For this purpose you should increase instead the number of primaries you run in FLUKA - that is the one determining the resulting statistical error - and not the content of your source file. The latter is just meant to represent reliably the source term, without reaching a so big size, which is the reason of your system failure.

Please do not refer to "executable returned RC=134”, which does not mean anything, rather to the error backtrace in the .log file message:

#11 0x7480396a65f8 in __libc_calloc
at ./malloc/malloc.c:3679

#17 0x62fd7ed8e8e5 in read_phase_space_file_
at /home/xin/PSF/10test4/source_library.inc:1041
#18 0x62fd7ed952e7 in source_
at /home/xin/PSF/10test4/10test4.f:566

pointing to a memory allocation issue in the reading of your huge .txt file, as Kate indicated.

Do you mean increasing the value of ni? That is indeed effective. However, when I set ni to 4e8, with five cycles and five parallel runs, under the bin size as shown in the figure, the statistical error I get is around 1%. When I continue to increase ni, the statistical error no longer decreases. Is this normal?



Up to which value did you increase it?
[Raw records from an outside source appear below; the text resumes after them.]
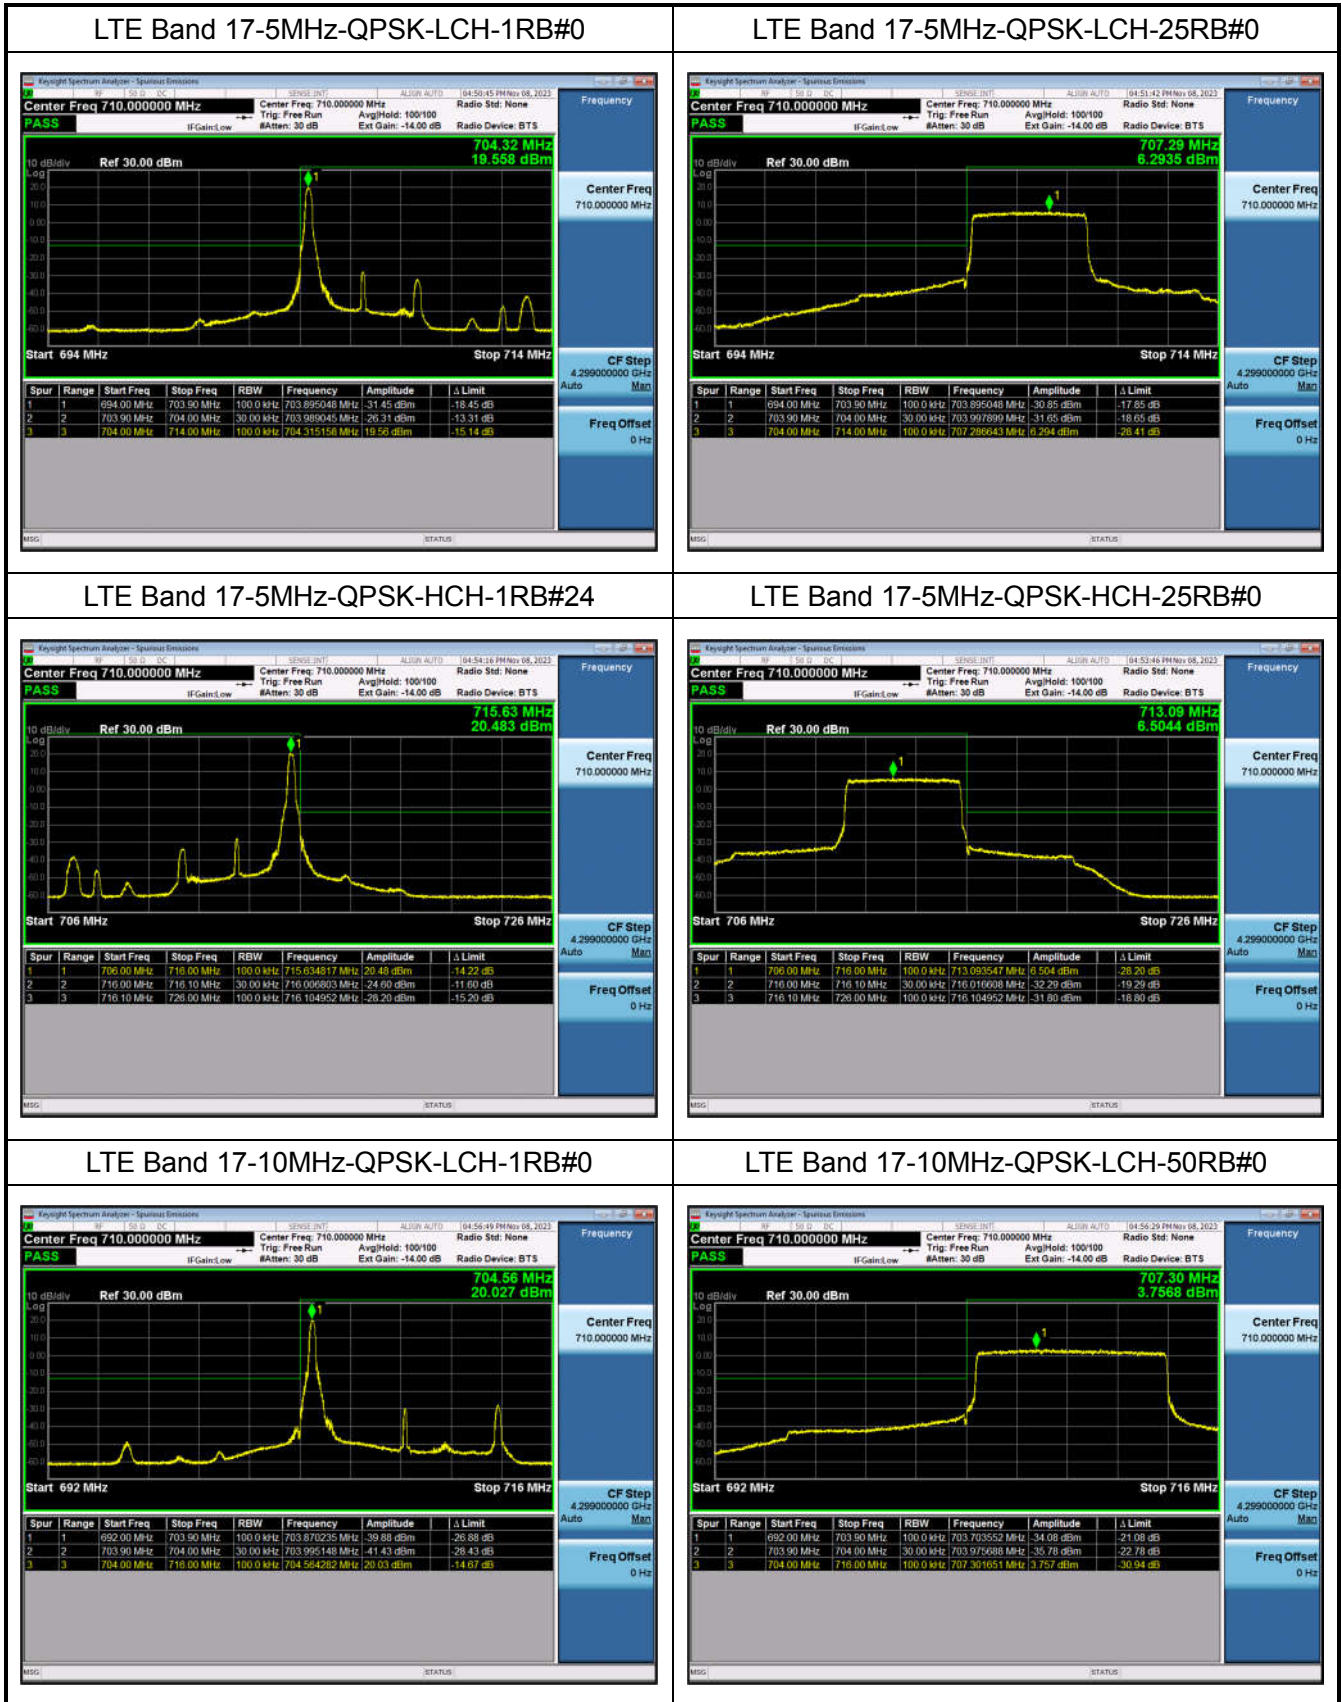

LTE Band 12-10MHz-QPSK-LCH-50RB#0

LTE Band 12-10MHz-QPSK-HCH-1RB#49

LTE Band 12-10MHz-QPSK-HCH-50RB#0

LTE Band 13:

LTE Band 13-5MHz-QPSK-LCH-1RB#0

LTE Band 13-5MHz-QPSK-LCH-25RB#0

LTE Band 13-5MHz-QPSK-HCH-1RB#24

LTE Band 13-5MHz-QPSK-HCH-25RB#0

LTE Band 13-10MHz-QPSK-MCH-1RB#0

LTE Band 13-10MHz-QPSK-MCH-1RB#49

LTE Band 13-10MHz-QPSK-MCH-50RB#0

LTE Band 17:

LTE Band 17-10MHz-QPSK-HCH-1RB#49

LTE Band 17-10MHz-QPSK-HCH-50RB#0

LTE Band 38:

LTE Band 38-5MHz-QPSK-LCH-1RB#0

LTE Band 38-5MHz-QPSK-LCH-25RB#0

LTE Band 38-5MHz-QPSK-HCH-1RB#24

LTE Band 38-5MHz-QPSK-HCH-25RB#0

LTE Band 38-10MHz-QPSK-LCH-1RB#0

LTE Band 38-10MHz-QPSK-LCH-50RB#0

LTE Band 38-10MHz-QPSK-HCH-1RB#49

LTE Band 38-10MHz-QPSK-HCH-50RB#0

LTE Band 38-15MHz-QPSK-LCH-1RB#0

LTE Band 38-15MHz-QPSK-LCH-75RB#0

LTE Band 38-15MHz-QPSK-HCH-1RB#74

LTE Band 38-15MHz-QPSK-HCH-75RB#0

LTE Band 38-20MHz-QPSK-LCH-1RB#0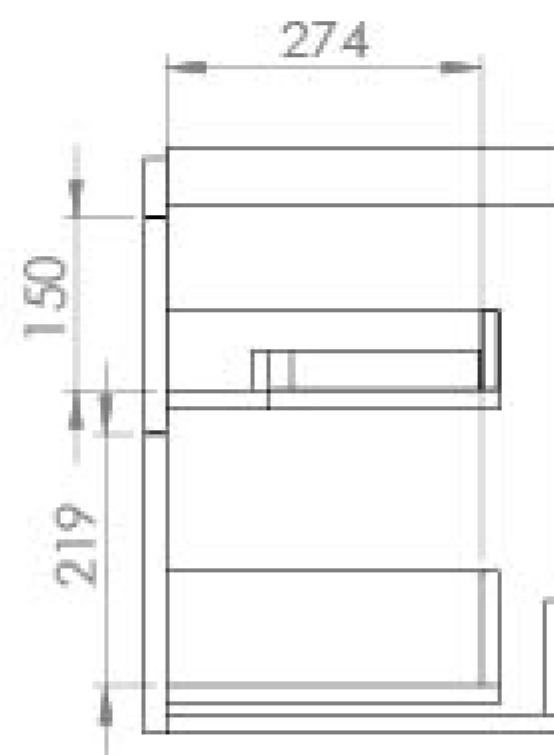

HYDE 70CM 2 DRAWER WALL MOUNTED UNIT – MATTE WHITE

Product Code: HY070W2.MW.2

PRODUCT INFORMATION

Finish:	Matte White
Height:	500mm
Width:	690mm
Depth:	365mm
Material	MDF, MFC
Weight	25kg
Guarantee	5 years
Configuration	2 Drawer
Drawer Type	Soft close
Compatible Basin(s)	HY070B, HY070B.0TH
Handle(s) Required	2, purchase separately
Other Features	Easy installation Quick release drawers

DESCRIPTION

As the name suggests, the HYDE collection features short projection basins and vanity units with a contemporary design, perfect for small and compact bathroom spaces.

This 70cm 2 drawer wall mounted unit has a projection of only 37cm, making it perfect for bathrooms & cloakrooms where space is limited and storage is essential. It has two deep, soft closing drawers to hold plenty of toiletries, and the matte white finish can work with any bathroom interior.

*Basin to be purchased separately

Compatible basin: HY070B, HY070B.0TH

**Handles to be purchased separately

TECHNICAL DRAWING

Saneux reserves the right to alter the specifications and product range without prior notice. Dimensions are given as a guide only. Dimensions should not be used for surrounding furniture, fixtures and fittings until the product is on site.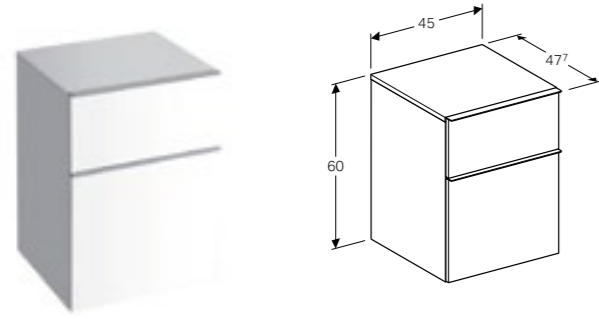

Geberit iCon 45cm side cabinet with two drawers
W 45 / D 47.7 / H 60cm
Wall mounted, opening via handle, drawer with soft closing mechanism, delivered pre-assembled.

Art. no.	Product Description	RRP ex VAT
840045000	White	€ 648.41
841047000	Natural oak	€ 648.41
841046000	Lava	€ 648.41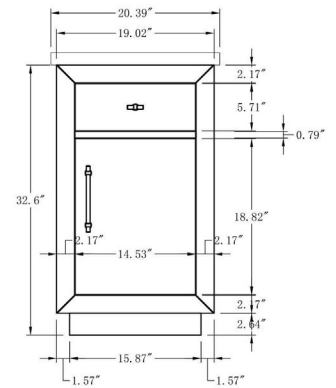

60"W*18.5"D*32"H

**Includes sink.
Mirror, Faucet, & Drain Sold Separately.*

About Product

Bathroom Vanity Set-CVG

- CVG20-T

20 Inch Single Sink Bathroom Vanity With Engineered Marble Top
20"W*15.5"D*34"H

**Mirror, Faucet, & Drain Sold Separately.*

Consider that the error is expected to decrease as the square root of the increase ratio.
More substantially, I’d judge a 1% statistical error as a satisfactory achievement, considering that at that point the result uncertainty gets dominated by the systematic error, which has many sources.

[quote=“Francesco Cerutti, post:15, topic:7449, username:ceruttif”]
您将其增加到哪个值
[/quote]I have increased the number of particles per single simulation cycle, while keeping the number of cycles unchanged.

Let me explain the results I want to obtain and some of the methods I have thought about, and I hope you can give some suggestions. I hope to obtain the dose distribution in a 0.3×0.3 cm plane at a depth of 30 cm along the central axis of the water tank. I use the usrbin-DOSE card with a 0.3 cubic centimeter bin, and the statistical error needs to be reduced to 0.3%. To this end, I have taken the following actions:

  1. Increase the number of particles (photons) recorded in the txt phase-space file to ensure that there are enough particles in each bin.
  2. Increase the number of particle histories during simulation.
  3. Increase the number of simulation cycles.

The following are some methods that I think can help reduce statistical errors:

  1. Lower the production and transport thresholds for photons and electrons.
  2. Use the BIASING card to set a larger weight in the scoring area.

I would like to get your suggestions on whether the above methods are effective or whether there are other methods to reduce statistical errors.

Lowering the production and transport thresholds for photons and electrons may increase the accuracy of the result (and the required CPU time), but may not necessarily reduce the statistical error.

You do not need any biasing for a scoring area that is in the core of the radiation propagation.

You got ~1% statistical errors with 10 billions primaries (4e8x5x5). My question was up to which value you further increased your statistics.

When I increased the number of particles from (4e7×5×5) to (4e8×5×5), the statistical error decreased to approximately one-third of the original value. However, when further increasing the number of simulated particles from (4e8×5×5) to (4e9×5×5), the statistical error showed no significant reduction compared to that of (4e8×5×5).